GetMetadata implements fabric.ExecutionBackend.GetMetadata.

For Docker backend:

  • Returns runtime metadata (Python version, installed packages, etc.)

func (*DockerBackend) GetSchema 

func (db *DockerBackend) GetSchema(ctx context.Context, resource string) (*fabric.Schema, error)

GetSchema implements fabric.ExecutionBackend.GetSchema.

For Docker backend:

  • resource: "python_packages", "node_packages", "container_info"
  • schema: Available packages, container configuration

func (*DockerBackend) ListResources 

func (db *DockerBackend) ListResources(ctx context.Context, filters map[string]string) ([]fabric.Resource, error)

ListResources implements fabric.ExecutionBackend.ListResources.

For Docker backend:

  • Lists available resources (runtime_info, container_config)

func (*DockerBackend) Name 

func (db *DockerBackend) Name() string

Name implements fabric.ExecutionBackend.Name.

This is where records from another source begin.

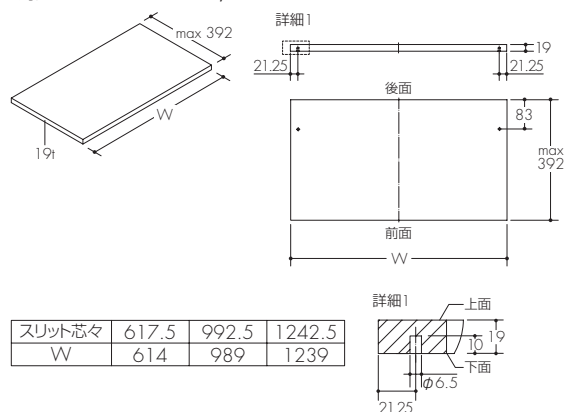

☑ 図番:木棚 286-612

対応シリーズ: Mono 12,Beam

☑ 図番:木棚 26mm 286-517

対応シリーズ: Invisible 6 P/L

☑ 図番:木棚 19mm 289-428

対応シリーズ: Xero Twin P/L

☑ 図番:木棚 19mm 289-443

対応シリーズ: Xero Twin P/L

func (*DockerBackend) Ping 

func (db *DockerBackend) Ping(ctx context.Context) error

Ping implements fabric.ExecutionBackend.Ping.

type DockerBackendConfig 

type DockerBackendConfig struct {
	// Config is the proto configuration
	Config *loomv1.DockerBackendConfig

	// DockerHost is the Docker daemon endpoint (default: "unix:///var/run/docker.sock")
	DockerHost string

	// Scheduler is the container scheduler (optional, created if nil)
	Scheduler ContainerScheduler

	// Logger is the zap logger (optional, created if nil)
	Logger *zap.Logger
}

DockerBackendConfig wraps proto config and adds Go-specific fields.

type DockerExecutor 

type DockerExecutor struct {
	// contains filtered or unexported fields
}

DockerExecutor handles Docker container lifecycle and execution.

Responsibilities:

  • Container creation using runtime strategies
  • Command execution in containers
  • stdout/stderr capture
  • Container health checks
  • Container rotation (time-based and execution-based)
  • Resource cleanup

Container Lifecycle:

  1. GetOrCreateContainer() via scheduler
  2. If new container: CreateContainer() with runtime config
  3. Execute() command in container
  4. Check rotation criteria (executions >= max OR time >= interval)
  5. If rotation needed: RemoveContainer(), create new on next execution

Thread Safety: All methods are thread-safe.

func NewDockerExecutor 

func NewDockerExecutor(ctx context.Context, config DockerExecutorConfig) (*DockerExecutor, error)

NewDockerExecutor creates a new DockerExecutor instance.

func (*DockerExecutor) Close 

func (de *DockerExecutor) Close() error

Close releases executor resources.

func (*DockerExecutor) Execute 

func (de *DockerExecutor) Execute(ctx context.Context, req *loomv1.ExecuteRequest) (*loomv1.ExecuteResponse, error)

Execute executes a command in a Docker container.

Flow:

  1. GetOrCreateContainer() from scheduler
  2. If new container: CreateContainer() with runtime config
  3. StartContainer() if not running
  4. Execute command with stdin/stdout/stderr handling
  5. Check rotation criteria
  6. Return ExecuteResponse with output and metadata

func (*DockerExecutor) GetContainerLogs 

func (de *DockerExecutor) GetContainerLogs(ctx context.Context, containerID string, tail int, timestamps bool) (string, error)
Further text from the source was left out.